What If the Greedy Rich Paid Their Share? 8 Things to Know About Wealth and Poverty in the US



By <http://www.alternet.org/authors/8894/>Les Leopold

We're far from poor -- we just have a wildly lopsided distribution of wealth that makes us seem poor.


(snip)

It wasn’t an act of God, or the blind forces of technological change, or the mysterious movements of markets.
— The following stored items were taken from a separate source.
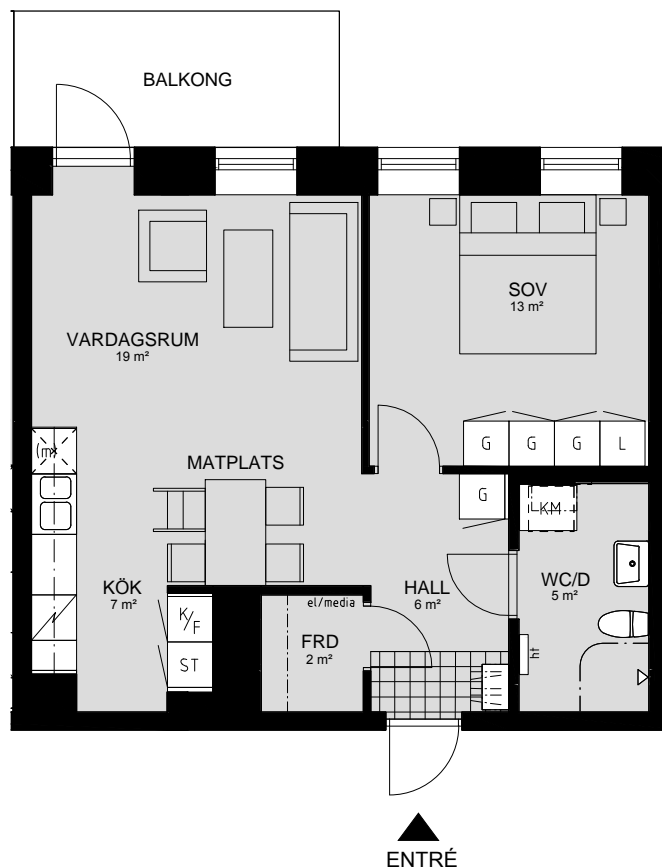

LILLHAGSPARKEN

LILLHAGSVINKELN 39, HISINGS-BACKA

3 RUM OCH KÖK 70 m²

LÄGENHET NR 1303

ORIENTERING SEKTION

ORIENTERING PLAN

FÖRKLARINGAR

G	GARDEROB	TM	TVÄTTMASKIN
L	LINNESKÅP	TT	TORKTUMLARE
ST	STÄDSKÅP	KM	KOMBINERAD TVÄTTMASKIN/TORKTUMLARE
K/F	KOMBINERAD KYL/FRYS	ht	HANDDUKSTORK
(m)	MICRO FÖRBERETT FÖR MICRO	el/media	EL-/MEDIACENTRAL
⊗	DISKMASKIN FÖRBERETT FÖR DISKMASKIN		KAPPHYLLA
⚡	SPIS/UGN		

LILLHAGSPARKEN

LILLHAGSVINKELN 39, HISINGS-BACKA

2 RUM OCH KÖK 55 m²

LÄGENHET NR 1304

ORIENTERING SEKTION

ORIENTERING PLAN

FÖRKLARINGAR

G	GARDEROB	TM	TVÄTTMASKIN
L	LINNESKÅP	TT	TORKTUMLARE
ST	STÅDSKÅP	KM	KOMBINERAD TVÄTTMASKIN/TORKTUMLARE
K/F	KOMBINERAD KYL/FRYS	ht	HANDDUKSTORK
(m)	MICRO FÖRBERETT FÖR MICRO	el/media	EL-/MEDIACENTRAL
⊗	DISKMASKIN FÖRBERETT FÖR DISKMASKIN		KAPPHYLLA
⚡	SPIS/UGN		

LILLHAGSPARKEN

LILLHAGSVINKELN 39, HISINGS-BACKA

2 RUM OCH KÖK 55 m²

LÄGENHET NR 1305

ORIENTERING SEKTION

ORIENTERING PLAN

FÖRKLARINGAR

G	GARDEROB	TM	TVÄTTMASKIN
L	LINNESKÅP	TT	TORKTUMLARE
ST	STÅDSKÅP	KM	KOMBINERAD TVÄTTMASKIN/TORKTUMLARE
K/F	KOMBINERAD KYL/FRYS	ht	HANDDUKSTORK
(m)	MICRO FÖRBERETT FÖR MICRO	el/media	EL-/MEDIACENTRAL
⊗	DISKMASKIN FÖRBERETT FÖR DISKMASKIN		KAPPHYLLA
⚡	SPIS/UGN		

LILLHAGSPARKEN

LILLHAGSVINKELN 39, HISINGS-BACKA

1 RUM OCH KÖK 47 m²

LÄGENHET NR 1401

ORIENTERING SEKTION

ORIENTERING PLAN

FÖRKLARINGAR

G	GARDEROB	TM	TVÄTTMASKIN
L	LINNESKÅP	TT	TORKTUMLARE
ST	STÄDSKÅP	KM	KOMBINERAD TVÄTTMASKIN/TORKTUMLARE
K/F	KOMBINERAD KYL/FRYS	ht	HANDDUKSTORK
(m)	MICRO FÖRBERETT FÖR MICRO	el/media	EL-/MEDIACENTRAL
⊗	DISKMASKIN FÖRBERETT FÖR DISKMASKIN		KAPPHYLLA
⚡	SPIS/UGN

Nor did the super-rich become enormously smarter than before. Instead, flesh-and-blood policy makers decided that deregulation and tax cuts should become the order of the day starting in the mid-1970s. The idea was that if we cut taxes on the super-rich and deregulated the economy (and especially Wall Street), investment would dramatically increase and all boats would rise. But as we can see from the chart below, the average worker's wage in real terms stalled and even declined after the mid-'70s. The fruits of productivity no longer were shared equitably. The enormous gap between the two lines (trillions of dollars per year) went almost entirely to the super-rich. The wealth of the wealthy skyrocketed, not by accident, but by policy design. "Greed is good" replaced the middle-class American dream.

(snip)

What Is Wealth and Who Has It?

Wealth or net worth is the total value of what you own (your assets) minus the total value of your debts (your liabilities.) Our collective net worth is really huge. We’re talking big, big numbers. As of the end of 2011, U.S. households had $30 trillion in private assets and $13.6 trillion in liabilities for a total net worth of $16.4 trillion (<http://www.federalreserve.gov/releases/z1/current/z1r-5.pdf>PDF). How much is that? It comes to an average of $141,000 per household – free and clear of any debts.
(snip)
full story with graph at:
<http://www.alternet.org/economy/155025/what_if_the_greedy_rich_paid_their_share_8_things_to_know_about_wealth_and_poverty_in_the_us>http://www.alternet.org/economy/155025/what_if_the_greedy_rich_paid_their_share_8_things_to_know_about_wealth_and_poverty_in_the_us

(my comment)

Apart from reversing market deregulation and tax exemptions for the wealthy, he may have mentioned that many industrialists are wealthy because government allows them, by virtue of promises like job creation and economic stimulus, to exploit the commons without much compensation. Such agreements result in unjustified tax exemption, despite immense profits. Corporations today fail miserably to employ or stimulate regional economies, as do ever floundering free-market entrepreneurs.

<http://capitalism-creates-poverty.blogspot.ca/2012/03/free-market-myths-no3-entrpreneurs.html>http://capitalism-creates-poverty.blogspot.ca/2012/03/free-market-myths-no3-entrpreneurs.html

Government should, on behalf of the people whose commons are being exploited, have recourse to tax the income (profits) of the corporation by the same measure as for individuals. If the corporation downsizes and ships most production overseas, citizens should have recourse, through government, not only to tax that income as well, but to revoke the agreement within the first year of outsourcing. With proper taxation of industry, there wouldn't be so much concentration of wealth.

Further, if the commons were legally recognized as incorporate of predominately finite resources, we would be looking at sustainable, rather than exploitative, approaches toward extractions, and industry would be paying high taxes for the privilege of using public lands' raw materials.